Turning Threat Visualization into an art form

Cybersecurity Threat Visualization Artwork

As a cybersecurity professional and a hobbyist painter, I recently revisited one of my past works ‘Cyberattack’ and started to think about IoT security and the power of visuals a bit differently. Some key questions I’ve been tackling: 1) knowing that even vivid contrasting colors can blend to form shadows, how might we identify cyberattacks sooner considering they impact distinct areas of a complex system yet are leveraged collectively in an attack? 2) can AI-ML (Artificial Intelligence and Machine Learning) be applied in a more creative way to identify/prevent cyber-attacks sooner?

Cyberattacks are abstract, we are not “seeing” them right

In my daily work I speak with some of the brightest industry leaders committed to protecting their companies, institutions, and/or customers in this challenging digital age. They often seek future-proof security (for data, applications, and infrastructure), even though they don’t have a holistic view of their ecosystem and threat landscape. Thinking about threat visualization, I wonder (and though its painfully cliché), if ‘a picture is worth a thousand words’ how many lines of code, session calls, apps, network authorizations, and database locks might one be worth?

If we consider the sophistication of modern attacks, I believe new methods for visualizing them should play a central role in the defense strategies of the future. It’s no longer enough to use bundled graphical elements or layered schematics in the monitoring system to map an eco-system today. Cyberattacks are abstract and need to be rendered accordingly.

A complex, fluid threat landscape is like an abstract painting

What if in the future, visualizations could be more fluid, or blended like a painting, to show complex interactions between components which may not be obvious? A blurred swirl could link to repeated (malicious) attempt to recover a key, a questionable access request could appear as an isolated shape, while the primary data still unscathed remains a cool/safe blue in the background – at least temporarily.
Gone too far?

Considering how rapidly AI-ML is advancing, I believe that in addition to viewing threats in real time, we will be able to map all possible outcome scenarios of a potential attack – pending its execution path through a complex eco-system. But how to best visualize this?
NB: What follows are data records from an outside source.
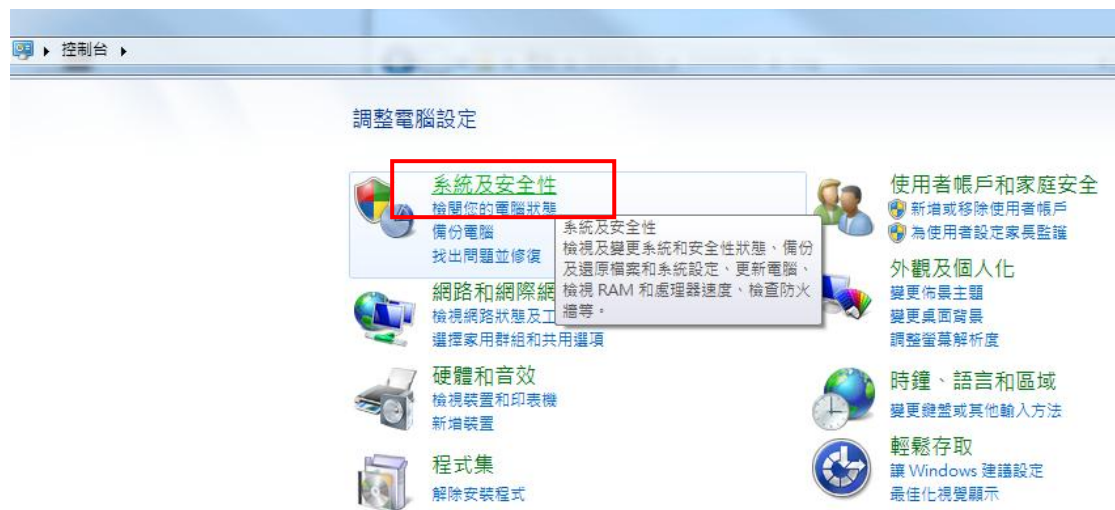

### ✚ 作業環境

- ◆ 以 Vista 例，開始/控制台/系統，按右鍵/開啟

◆ 以 Xp 為例，開始/控制台/系統，按右鍵/開啟

◆ 以 Window7 為例，開始/控制台/系統及安全性，

點選「系統及安全性/系統」

IE 版本

◆ 以 IE7 為例，「說明/關於 Internet Explorer(A)」

版本: 7.0.5730.13  
加密強度: 128 位元  
產品識別碼: 92318-600-2369701-23864  
更新版本: 0

What if we (digitally) paint the entry-point of an attack as a concrete object, and then use an abstract visual to represent the potential impact on the rest of the system components? With a better way to “see” the threat and match it closer to the real world today, we can take preemptive measures to restrict attack momentum and de-risk a negative outcome from any suspicious activity. Due to the sheer amount of data, volume of scenarios and potential outcomes, AI-ML (and some serious computational power) would be required – but ultimately for a better defense.

You can’t fight what you can’t see

If we map out systems and interactions in a more abstract way, while linking to the hard data/scenarios in the background, perhaps we can identify attacks faster and design solutions differently. Furthermore, we’d learn about the nuances of attacks, timing, flows, and how to preemptively strike.

It may seem like a fantasy but rapid developments in AI-ML are creating new possibilities – for both hackers and security professionals. I, for one, am hopeful the future is bright – and full of color!